Extracted entries =
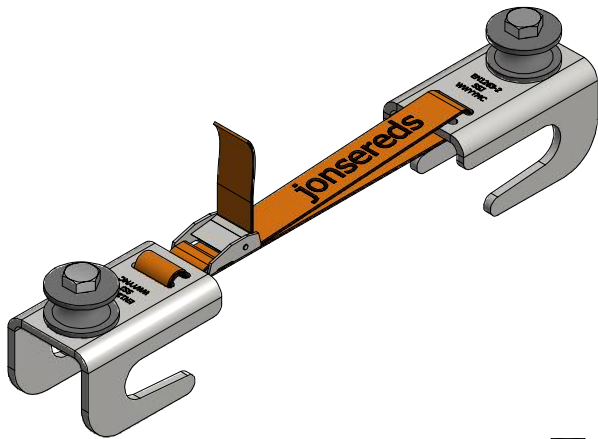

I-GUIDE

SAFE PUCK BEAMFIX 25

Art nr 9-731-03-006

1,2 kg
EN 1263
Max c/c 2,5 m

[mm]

---

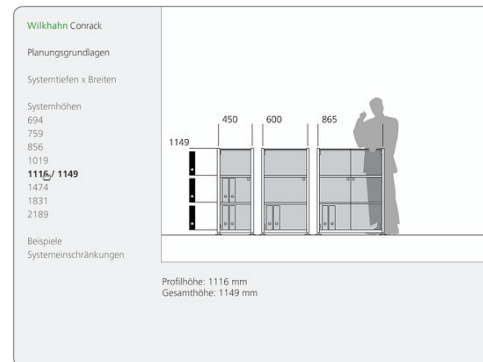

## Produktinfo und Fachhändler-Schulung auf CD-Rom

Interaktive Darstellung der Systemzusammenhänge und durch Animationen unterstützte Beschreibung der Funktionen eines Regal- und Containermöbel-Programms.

Directions for this task =
Look above for the line with "## Produktinfo und" and the line with "Interaktive Darstellung der". Retype those two lines and every line between them exactly, adding nothing.

Solution =
## Produktinfo und Fachhändler-Schulung auf CD-Rom

Interaktive Darstellung der Systemzusammenhänge und durch Animationen unterstützte Beschreibung der Funktionen eines Regal- und Containermöbel-Programms.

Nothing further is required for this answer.